What's a cow's favorite vacation spot? the slaughterhouse.

What happened to the teacher? He taught his students.

What's worse than finding a worm in your apple? Being held for random.

How do you get rid of door knocker? You run at them with a chainsaw.

A black man walks in to a bar and says ouch! A jewish man walks in to a bar and later sews that same bar for he and the black mans injurys.

America were the American dream is something only foreigners believe in

A deaf, mute clown wearing nothing but a dead cat, a rainbow wig, and his own feces breaks into a couples home on April fools day. Then he murders them both because he is an escaped patient from an asylum for the criminally insane.

A muslim and a jew meet each other in a dark ally...... they give each other strange looks because they are both in a dark ally.

Two Mexicans walk into a bar, The bartender says your hired.

why did matt daly shit his pants? he had downs

What did the man say when he saw a purple cow? Nothing. He was blind.

An asian, black man and a white guy are stranded in a desert with no food and no water, so what do they do Die

OR SOMETHING! VOLUME ONE SPECIAL ALPHA MAN EDITION: What do you do if you are in the jungle, and surrounded by a tiger, and a jaguar and have only one bullet left in the rifle?
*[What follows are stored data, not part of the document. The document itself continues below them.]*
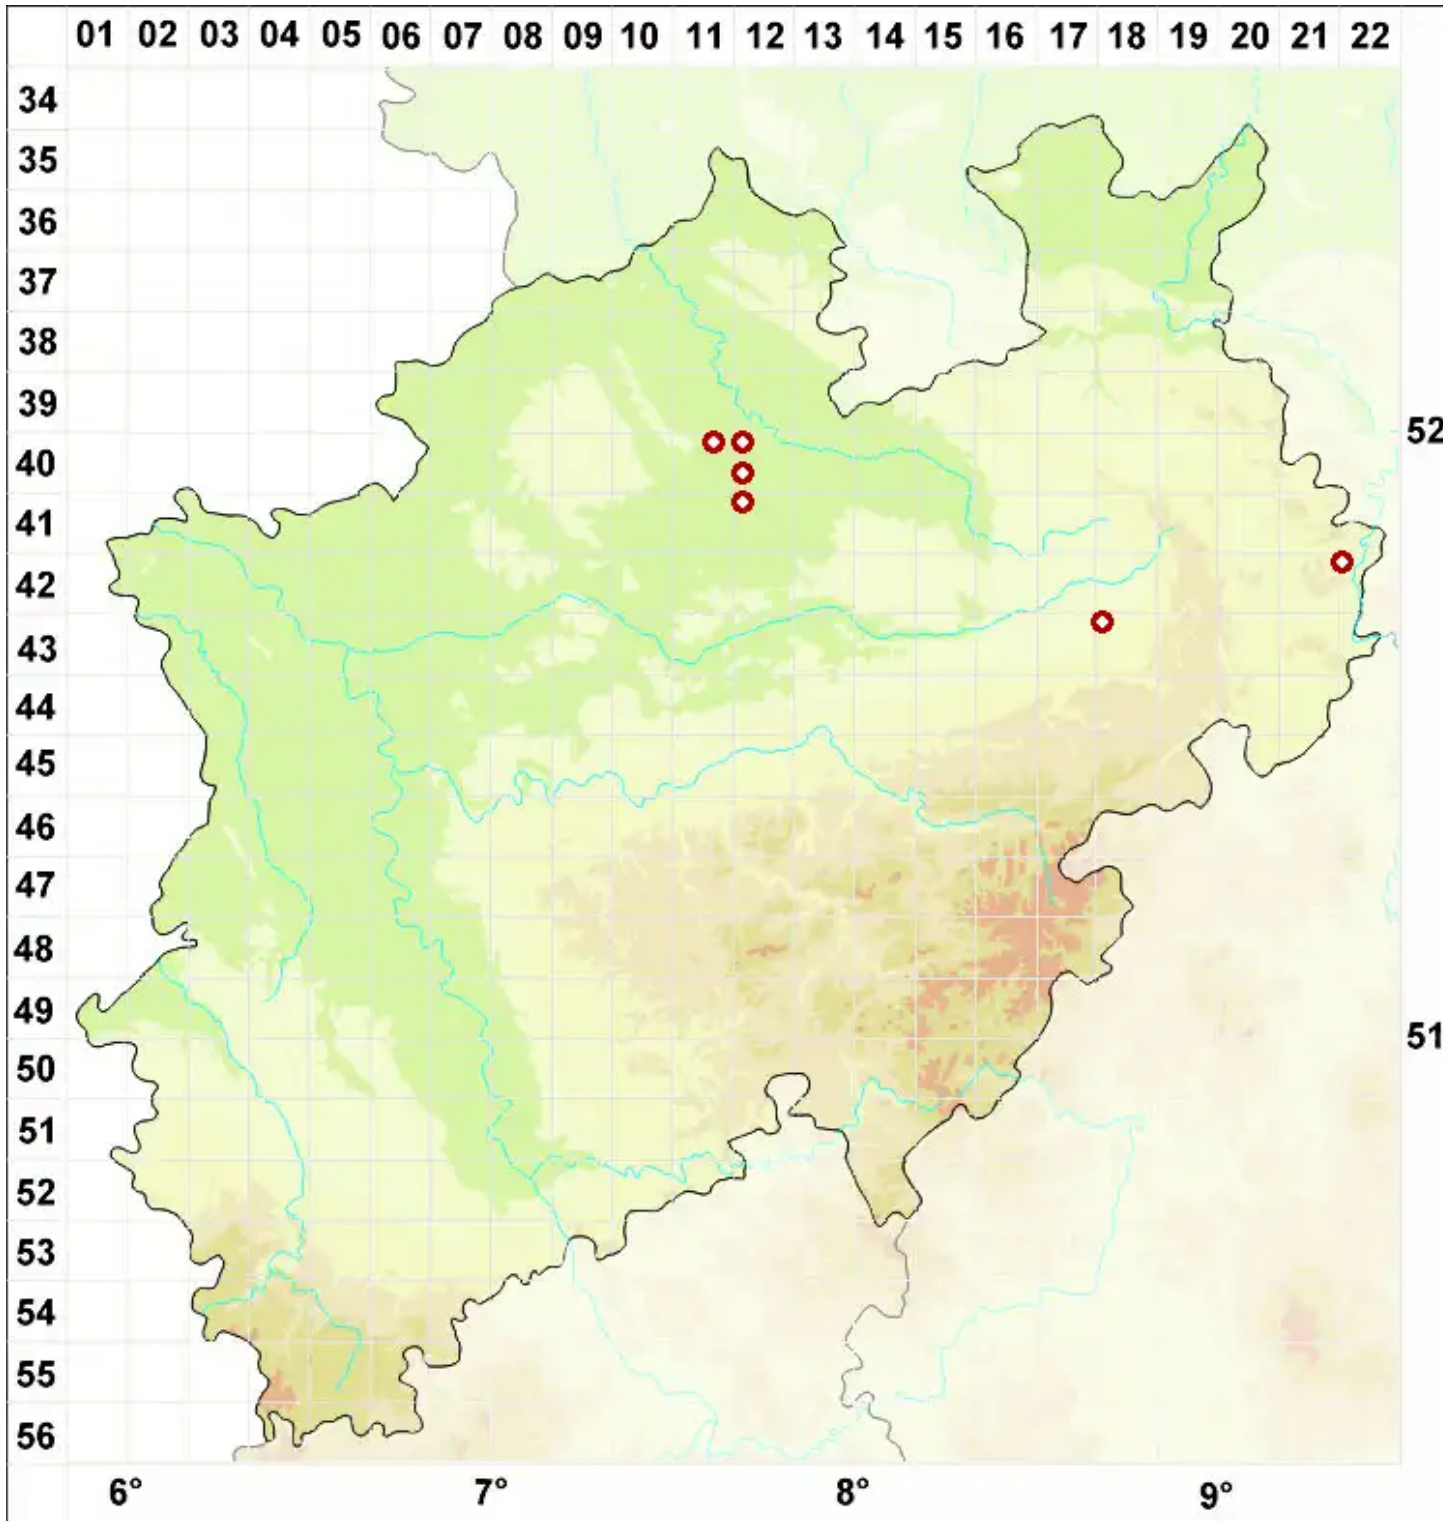

Lecidea exigua Chaub.

Kleine Schwarznappflechte

Legende:

- Symbole:**
Ausgefülltes Symbol:
Zeitraum von 1980 bis heute (Aktuelle Angabe)
Leeres Symbol:
Zeitraum vor 1980 (Altangabe)
Quadrat: Herbarbeleg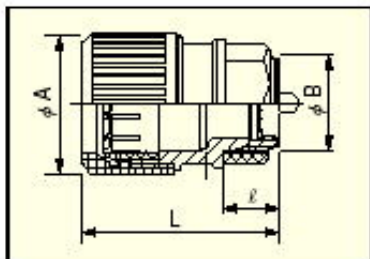

プラフレキPF部品/コネクタ

プラフレキ^(R)PFコネクタ(Rタイプ) PFS-□KR/□KR-I

■ 構造図

品番		定価 (円/個)	袋入数 (個)	箱入数 (袋)	適合サイズ		ネジの 呼び	寸法(mm)			
グレー	アイボリー				本体	ノック穴径 (呼び)		A	L	B	I
PFS-14KR	-	87	10	35	PFS-14	22mm(16)	PF 1/2	32	42	21	11
PFS-16KR	PFS-16KR-I	83	10	25	PFD,PFS-16	27mm(22)	PF 1/2	33	44	21	11
PFS-16KLR	PFS-16KLR-I	83	10	20		27mm(22)	PF 3/4	33	45	26	12
PFS-22KR	PFS-22KR-I	103	10	16	PFD,PFS-22	27mm(22)	PF 3/4	41	53	26	12
PFS-28KR	PFS-28KR-I	195	10	10	PFD,PFS-28	34mm(28)	PF1	47	66	33	12
PFS-36KR	PFS-36KR-I	475	5	10	PFD,PFS-36	42mm(36)	PF1 1/4	57	76	42	13

■ 使用例

注) 解除後、必ず止具を接続方向にしめもどしてください。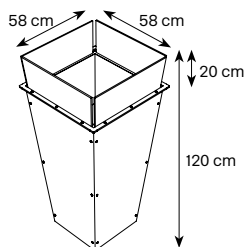

	I E D F	dimensioni dimension abmessungen dimension	spessore thickness stärke épaisseur	volume volume volumen volume	carico ammesso admitted load tragfähigkeit charge admise	peso weight gewicht poids	
		cm	mm	m3	kg	kg	

<b>Amon 1</b>  design Roberto Garbugli 2008	58 x 58 x h 160			0,78		82	
				0,78		82	
				0,78		82	
				0,78		70	

<b>Amon 2</b>  design Roberto Garbugli 2008	58 x 58 x h 120			0,58		62	
				0,58		62	
				0,58		62	
				0,58		52	

<b>Amon 3</b>  design Roberto Garbugli 2008	58 x 58 x h 80			0,38		54	
				0,38		54	
				0,38		54	
				0,38		46	

- Specchio / Mirror / Spiegel / Miroir
- Vetro laccato nero / Black lacquered glass / Schwarz lackiertes Glas / Verre lacqué noir
- ∞ Vetro laccato bianco / White lacquered glass / Weiss lackiertes Glas / Verre lacqué blanc
- Cuoio scuro / Dark leather / Dunkles leder / Cuir sombre

You shoot the damn jaguar in its tire, and RIDE THE GODDAMN TIGER BACK HOME! MORAL MAAAAAAAAAAAAAAAAAAAAAAAN! THE FRIENDLY NEIGHBORHOOD R*PIST!(Yes I also wrote the original kay?)

what is worse than finding a dead worm in an apple? Obama being elected a second time

Why did the clown chase the boy? The boy was sad and needed cheering up

How do you turn a frown upside down? You cannot do such a thing because frowning is the act of sadness. Therefore you cannot nor should not change a persons attitude.

a girl and a guy rented a hotel room for a night. theyre siblings and stayed up all night watching very classy movies about farm animals and each of them ordered a chocolate cake to eat while watching their fantastic informational film.

What did the Catholic Priest say to the young boy? God bless you.

person 1:Dude, look at the news person 2:Yea man, its D ick Cheney person 1: what a d ick head

Narrator: A ghost walks into a church. It is a Jewish church during a Friday night service. Huh. That ghost looks a lost like Hitler. Oh crap, everyone run for your lives! Stranger: GHOSTBUSTERS! Narrator: what, the, heck? Ghostbuster: let's kill some ghosts! Wait a minute. Adolf, is that you? Hitler ghost: John? Ghostbuster: Adolf, Buddy! Narrator:...... Hitler ghost: Hey, John! Wanna grab a drink? Ghostbuster: sure. let's get out of here. Narrator: This joke has officially lost all meaning. I don't even know why I'm submitting it any more! And get this! I AM HALF JEWISH!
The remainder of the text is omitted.